If you have something to assert in all cases, use BUSTUB_ENSURE
instead.
We encourage you to use a graphical debugger to debug your project if you are having problems.
If you are having compilation problems, running make clean
does not completely reset the compilation process. You will need to delete your build directory and run cmake ..
again before you rerun make
.
Post all of your questions about this project on Piazza. Do not email the TAs directly with questions.
Grading Rubric
Each project submission will be graded based on the following criteria:
- Does the submission successfully execute all of the test cases and produce the correct answer?
- Does the submission execute without any memory leaks?
Late Policy
See the late policy in the syllabus.
Submission
After completing the assignment, submit your implementation to Gradescope for evaluation.
Running make submit-p4
in your build/
directory will generate a zip
archive called project4-submission.zip
under your project root directory that you can submit to Gradescope.

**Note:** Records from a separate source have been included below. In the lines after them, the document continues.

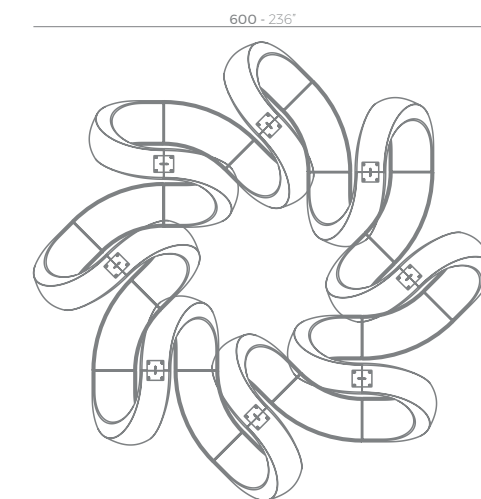

8 x 60007 AND - AND
8 x 60006 AND Banco - AND Bench
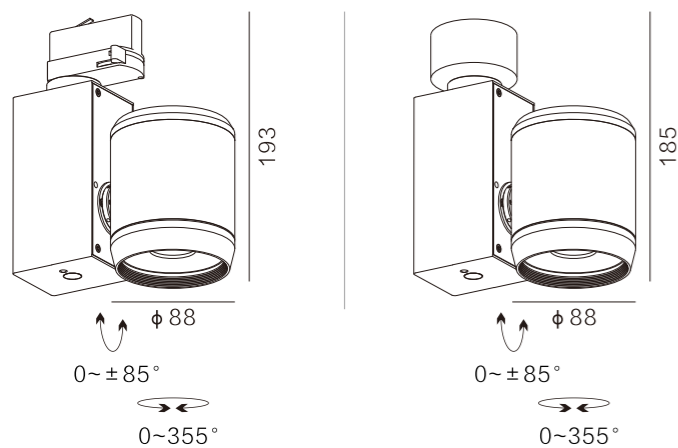

Track Model: **EM-32**

Power: 24W
Lumen: 1752lm
Input voltage: AC 220~240V 50/60Hz
Beam angle: 10°/24°/36°
Color temperature: 2700K/3000K/4000K
Surface color: White or Black
CRI: ≥90
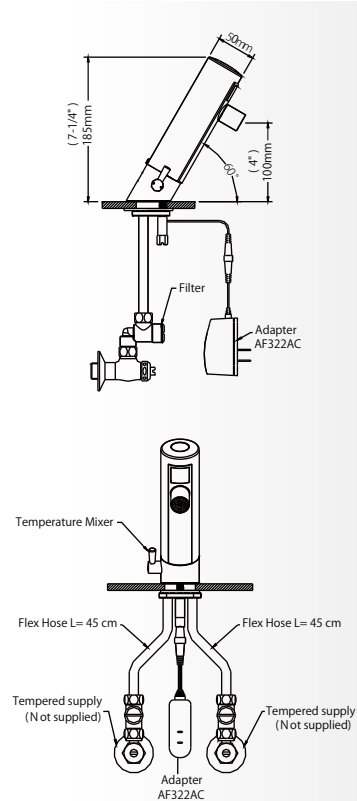

Electronic Faucet

AF322

Electronic Faucet

AF322 AC AF322 DC

Double Sensor

All-In-One

Faucet with Hot and Cold Water Supply

● **AF322AC** : Input AC110 V~AC220V 50/60 Hz. Output DC 6V
Power Consumption: 0.3W (Idle), 5W (In use)

● **AF322DC** : Size AA Alkaline Battery * 4pcs
Battery Life : 2 Years (Based on 3000 cycles per month)
Low Battery Indicator Light (LED)

- Double Infrared Sensor : Automatic Operation
- Stable performance, infrared sensor performs perfectly even in the sunlight or any light.
- Waterproof, high quality and safety.
- Chrome Plated Cast Brass
- Infrared Sensor Range : Adjustable 5cm~ 20cm (auto adjusted)
- Shut-off Delay Time : 1sec
- Time out Setting: Wave Sensor(facing up): 3minutes
Sensor(facing down): 1minute
- Include Filter: it filters out particles in water hence reducing maintenance cost; easy to take out and clean
- With Integral Spout Temperature Mixer
- Operating Water Pressure : 10 to 100 PSI
- Water Supply Connection: PF 1/2
- Mounted on a Single-Hole Lavatory or Deck (28Φ~45Φ)
- Applicable Water Temperature: 39°F~185°F (4°C~85°C)
- Warranty : 2 years

AF323

Electronic Faucet

AF323 AC AF323 DC

Double Sensor

All-In-One

Faucet with Single Line Water Supply

● **AF323AC** : Input AC110 V~AC220V 50/60 Hz. Output DC 6V
Power Consumption: 0.3W (Idle), 5W (In use)
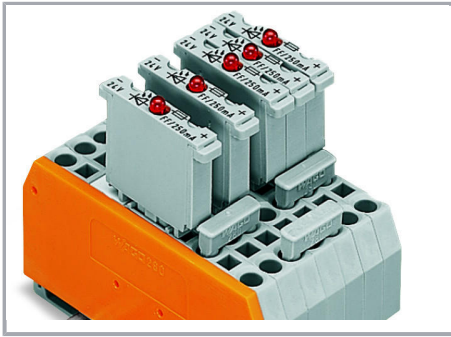

Carrier terminal blocks with component plugs,

alternate comb-style jumper bars,

3-way comb-style jumper bar
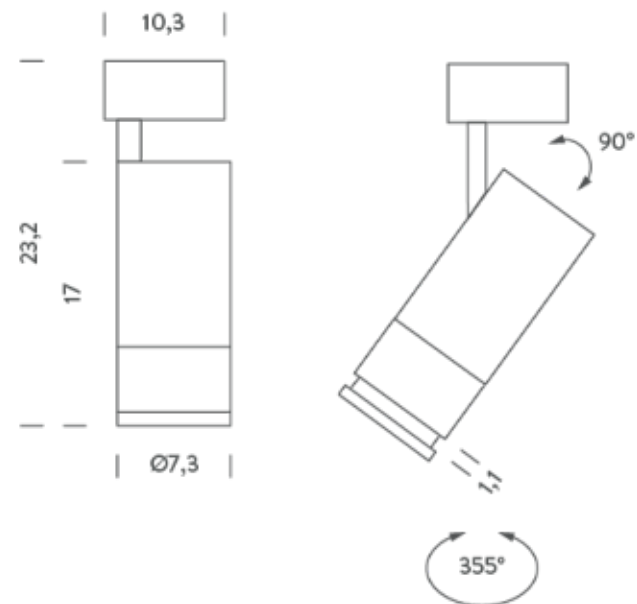

DIMMABLE TRIAC | 3000K

LAMPING

Source	LED spot
Total power	28W
Emission	Direct adjustable 15°-55°
Switching	Dimmable triac
Tension	220/240V
Color temperature	3000K
Luminous flux	1500lm
Typ CRI	> 90
Energy class	A+
IP class	20
Dimensions	ø7,3x17cm
Notes	compatible with track 3~230V
Net lamp weight	0,83 kg

DIMMABLE 0-10V | 2700K

LAMPING

Source	LED spot
Total power	28W
Emission	Direct adjustable 15°-55°
Switching	Dimmable 0-10V
Tension	220/240V
Color temperature	2700K
Luminous flux	1500lm
Typ CRI	> 90
Energy class	A+
IP class	20
Dimensions	ø7,3x17cm
Notes	compatible with track 3~230V
Net lamp weight	0,86 kg

Codes

CAP LW2 82
CAP LN2 82

Structure

white
black

PACKAGE

Package 01

Dimension: 38,3x30,4x36,8 cm / Gross weight: 0,96 kg

Certificazioni

DIMMABLE 0-10V | 3000K

LAMPING

Source	LED spot
Total power	28W
Emission	Direct adjustable 15°-55°
Switching	Dimmable 0-10V
Tension	220/240V
Color temperature	3000K
Luminous flux	1500lm
Typ CRI	> 90
Energy class	A+
IP class	20
Dimensions	ø7,3x17cm
Notes	compatible with track 3~230V
Net lamp weight	0,86 kg
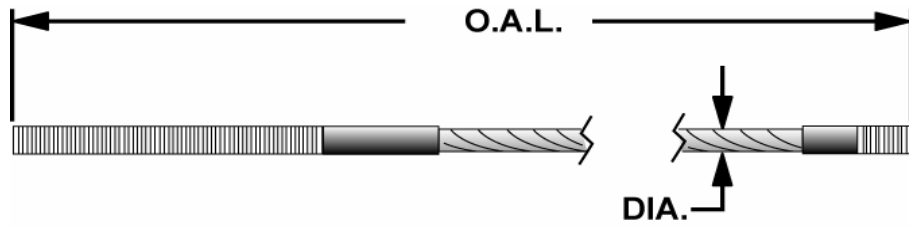

# CABLE REFERENCE GUIDE

**ALM**

PART NUMBER		OVERALL LENGTH	DIA.	LIFT MODELS
ALLPART #	ALM			
AL-7001A	7001A	31' 6"	3/8"	7000 Asymmetric
AL-7001	7001	32'	3/8"	7000 Symmetric
AL-A73128-01	A73128-01	30' 4-1/2"	1/4"	7002 A
AL-A93133-01	A93133-01	34' 9 1/2"	3/8"	9001
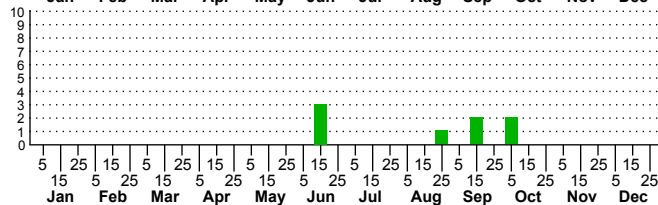

n=13
HM

n=31
Pd

n=44
LM

n=8
CP

Oligia modica

Three periods to each month: 1-10 / 11-20 / 21-31

NC Biodiversity Project: nc-biodiversity.com
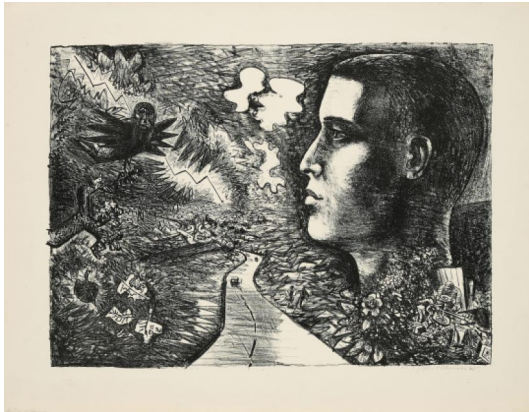

Lot 115

Auction German Post War | ONLINE ONLY

Date 08.11.2024, ca. 09:00

MATTHEUER, WOLFGANG
1927 Reichenbach/Vogtland - 2004 Leipzig

Title: Deutsche Szene.

Date: 1968.

Technique: Lithograph on thin card.

Depiction Size: 39,5 x 54cm.

Sheet Size: 50,5 x 65cm.

Notation: Signed, dated and titled.

Condition:

Minimally discoloured. Occasional minimal bumpings to the edges. Occasional minimal staining to the edges. Minimally wavy due to the manufacturing process. Slight crease in the upper right corner. Verso minimally discoloured and slightly stained. Otherwise in good condition.
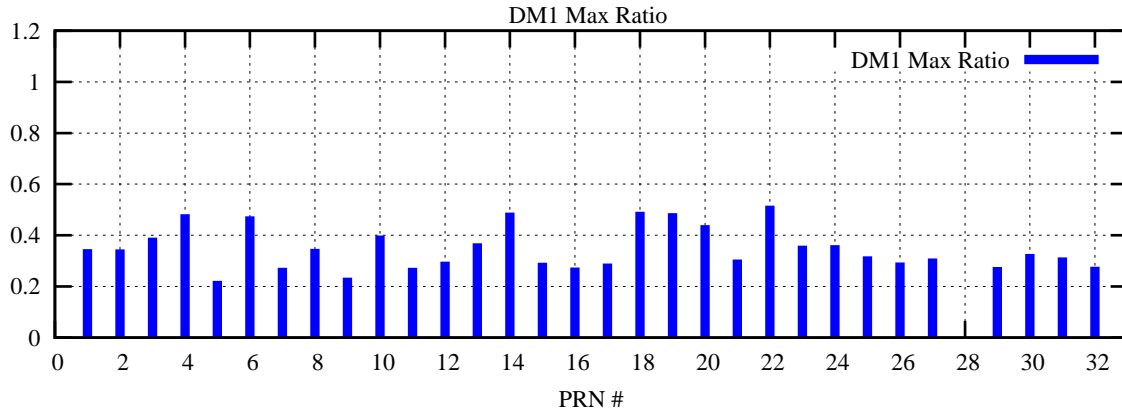

Ratio (PRN Bias/Threshold)

GpsWeek 2215 Day 2

Skinny (Type 0): PRN 8 22
Broad (Type 2): PRN 7 15 17 21 24

Remember to resolve all style issues before submitting:
make format make check-clang-tidy-p4
Collaboration Policy
- Every student has to work individually on this assignment.
- Students are allowed to discuss high-level details about the project with others.
- Students are not allowed to copy the contents of a white-board after a group meeting with other students.
- Students are not allowed to copy the solutions from another colleague.
WARNING: All of the code for this project must be your own. You may not copy source code from other students or other sources that you find on the web. Plagiarism will not be tolerated. See CMU's Policy on Academic Integrity for additional information.